Each record below needs to be reproduced precisely, though not its pictures.

Segment Open

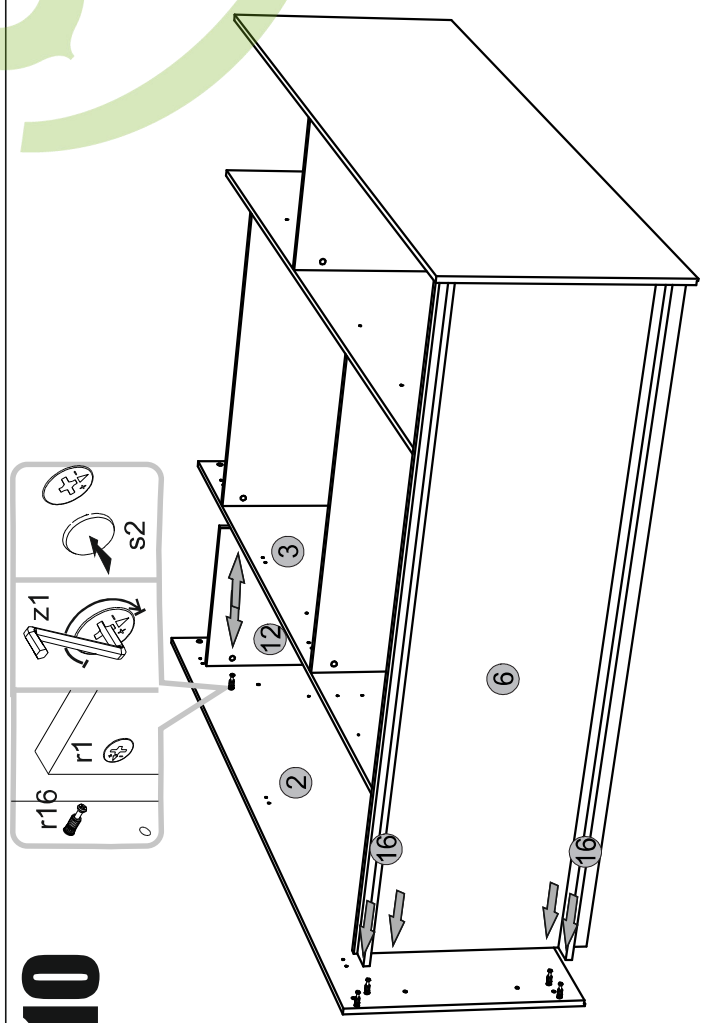

Instalation manual

RIKO: Wardrobe 4D3S

Element symbol	Dimensions		Code	Package
1	2044	619	P-101	1/1
2	2044	919	P-102	1/1
3	1968	596	P-103	1/1
4	1968	596	P-104	1/1
5	1800	620	P-201	2/2
6	1766	596	P-202	2/2
7	868	595	P-301	2/2
8	811	150	P-501	2/2
9	811	150	P-502	2/2
10	550	150	P-503	2/2
11	550	150	P-504	2/2
12	433	595	P-302	3/3
13	433	595	P-303	2/2
14	208	880	P-008	2/2
15	70	518	P-402	2/2
16	60	1766	P-401	2/2
17	1981	437	P-001	3/3
18	1347	438	P-002	3/3
19	1347	438	P-003	3/3
20	1993	450	P-601	1/1
21	1040	884	P-602	1/1
22	634	884	P-603	1/1
23	317	884	P-604	1/1
24	825	532	P-605	1/1
25	868	595	Option	2

1

3

2

4

9

11

10

12

! a=b

13

! kg max. ↓

14

15
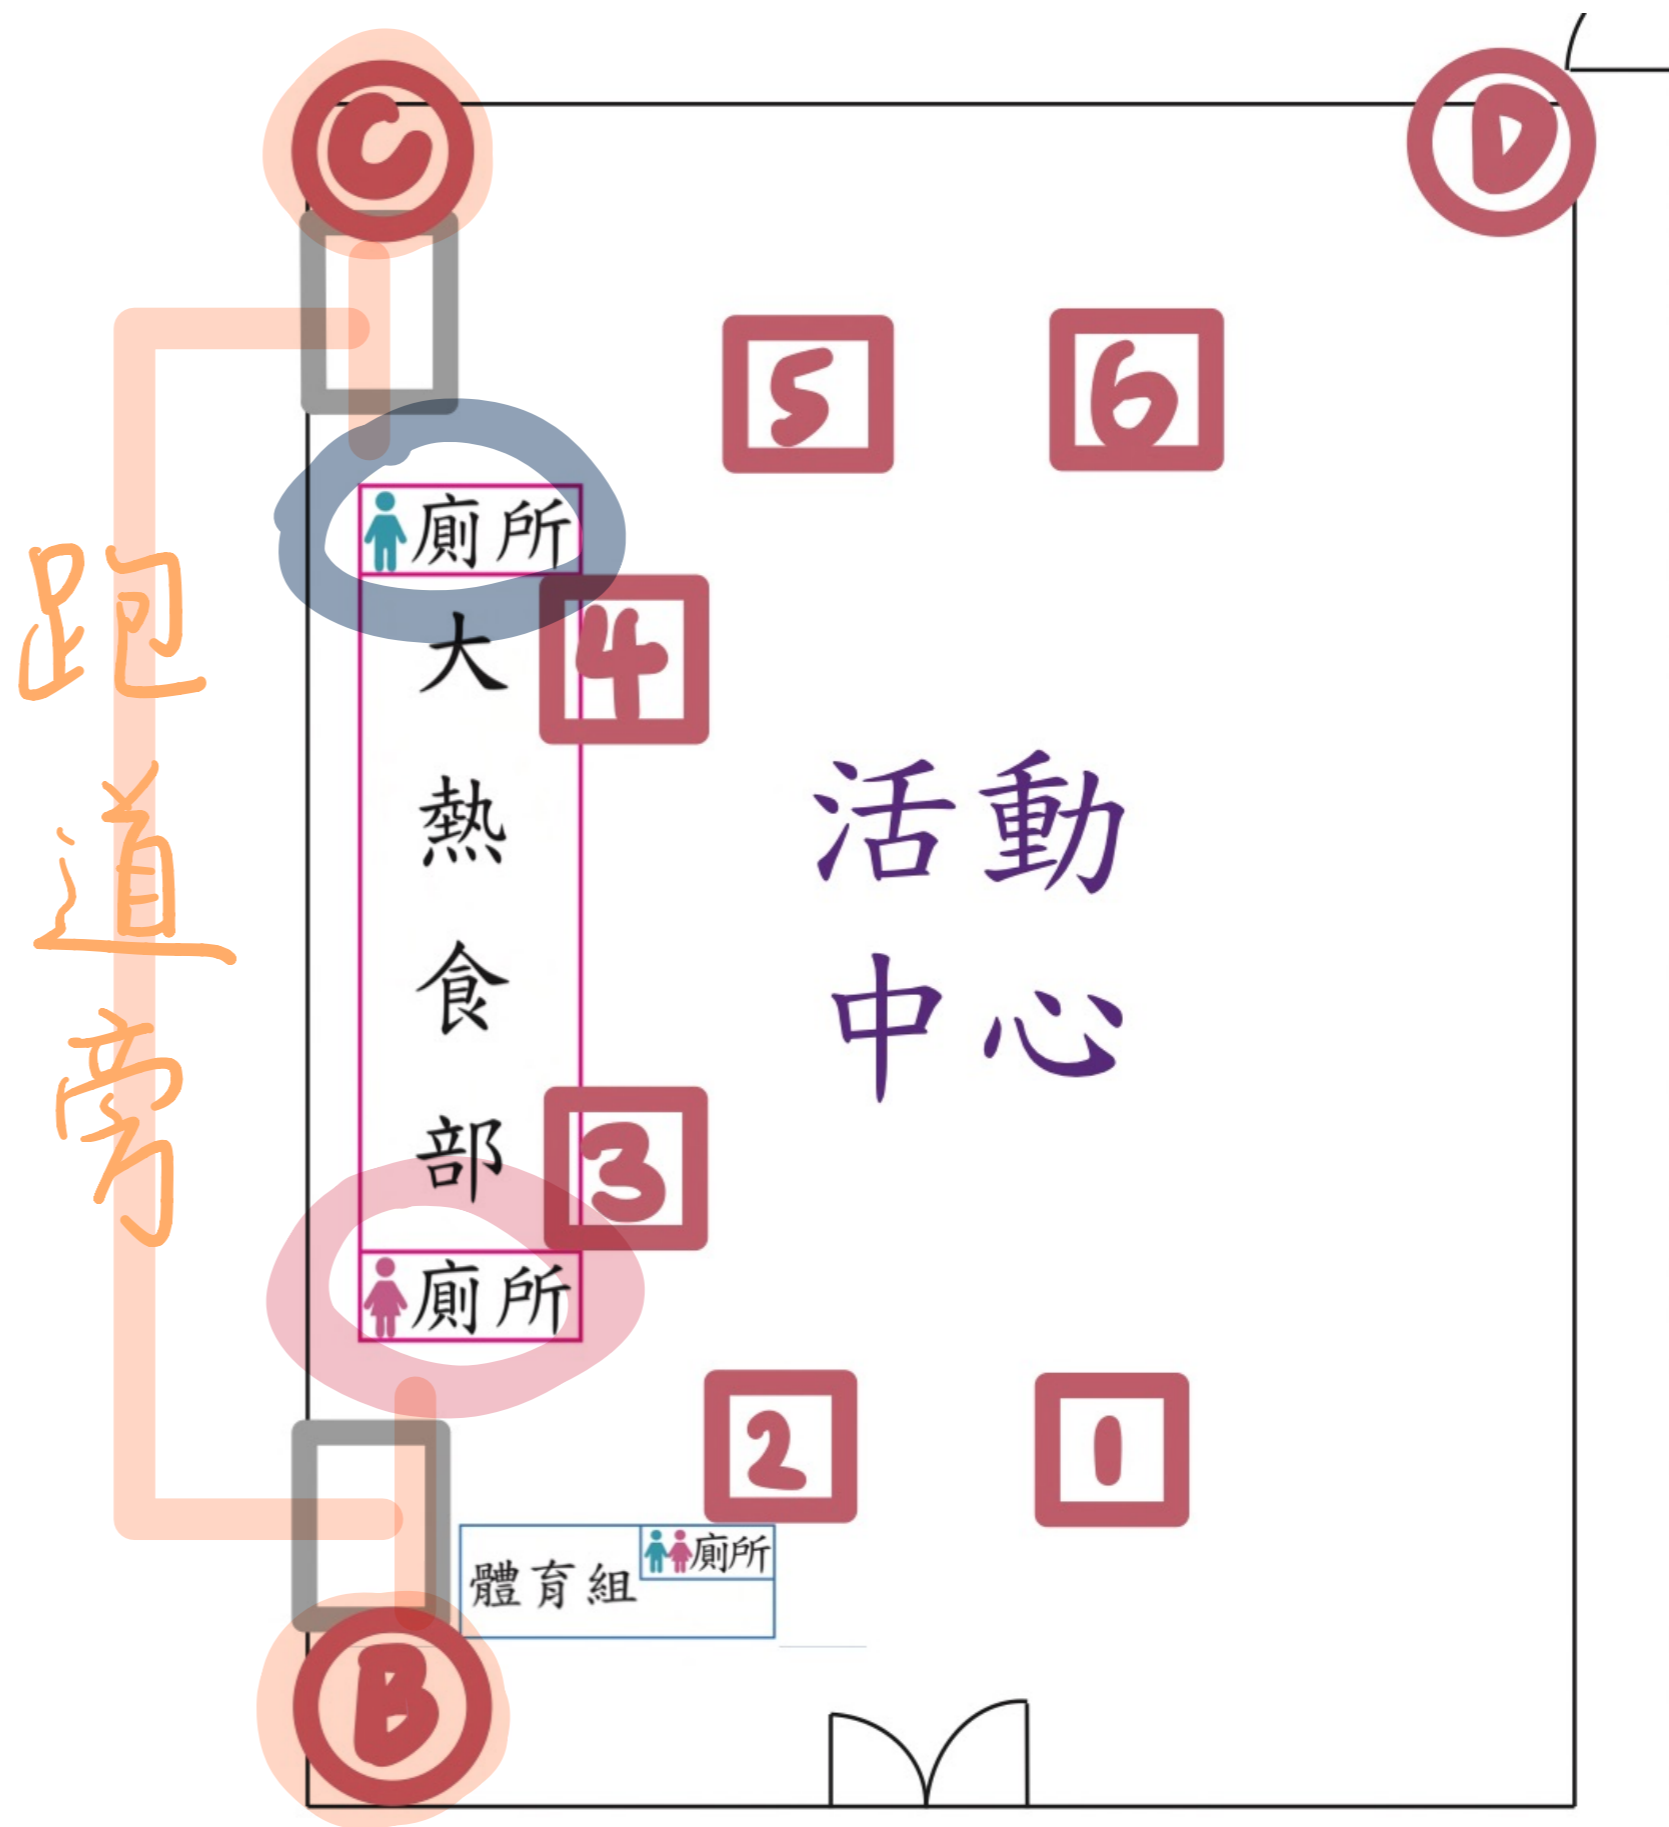

# 典禮期間如廁動線

3樓畢業生親友

使用大熱旁廁所

北側為女廁

南側為男廁

由B,C大樓梯下至1樓  
如需使用另一側廁所  
請經由跑道旁移動

# 中場休息如廁動線

明德樓

3F	音樂教室	音樂教室	音樂廳	3F
2F	一數	一書	一御 一射	2F
1F	Fab Lab	Fab Lab	生科教室	1F

1樓

貴賓、導師、家長會

廁所	三數	三書	三御	三射
廁所	三讓	三儉	三恭	三良
廁所	三勤	三誠	三公	三平
廁所	一溫	三信	三愛	三仁
廁所	二忠	一樂	一禮	一讓
廁所	合	作	社	小食

1F	2F	3F
廁所	廁所	廁所
秘書室		
校長室	一義	一忠
第一會議室	一和	一孝
	一平	一仁
2F	3F

Segment Closed

• _Answer to the problem_
Instalation manual

RIKO: Wardrobe 4D3S

Element symbol	Dimensions		Code	Package
1	2044	619	P-101	1/1
2	2044	919	P-102	1/1
3	1968	596	P-103	1/1
4	1968	596	P-104	1/1
5	1800	620	P-201	2/2
6	1766	596	P-202	2/2
7	868	595	P-301	2/2
8	811	150	P-501	2/2
9	811	150	P-502	2/2
10	550	150	P-503	2/2
11	550	150	P-504	2/2
12	433	595	P-302	3/3
13	433	595	P-303	2/2
14	208	880	P-008	2/2
15	70	518	P-402	2/2
16	60	1766	P-401	2/2
17	1981	437	P-001	3/3
18	1347	438	P-002	3/3
19	1347	438	P-003	3/3
20	1993	450	P-601	1/1
21	1040	884	P-602	1/1
22	634	884	P-603	1/1
23	317	884	P-604	1/1
24	825	532	P-605	1/1
25	868	595	Option	2

1

3

2

4

9

11

10

12

! a=b

13

! kg max. ↓

14

15

# 典禮期間如廁動線

3樓畢業生親友

使用大熱旁廁所

北側為女廁

南側為男廁

由B,C大樓梯下至1樓  
如需使用另一側廁所  
請經由跑道旁移動

# 中場休息如廁動線

明德樓

3F	音樂教室	音樂教室	音樂廳	3F
2F	一數	一書	一御 一射	2F
1F	Fab Lab	Fab Lab	生科教室	1F

1樓

貴賓、導師、家長會

廁所	三數	三書	三御	三射
廁所	三讓	三儉	三恭	三良
廁所	三勤	三誠	三公	三平
廁所	一溫	三信	三愛	三仁
廁所	二忠	一樂	一禮	一讓
廁所	合	作	社	小食

1F	2F	3F
廁所	廁所	廁所
秘書室		
校長室	一義	一忠
第一會議室	一和	一孝
	一平	一仁
2F	3F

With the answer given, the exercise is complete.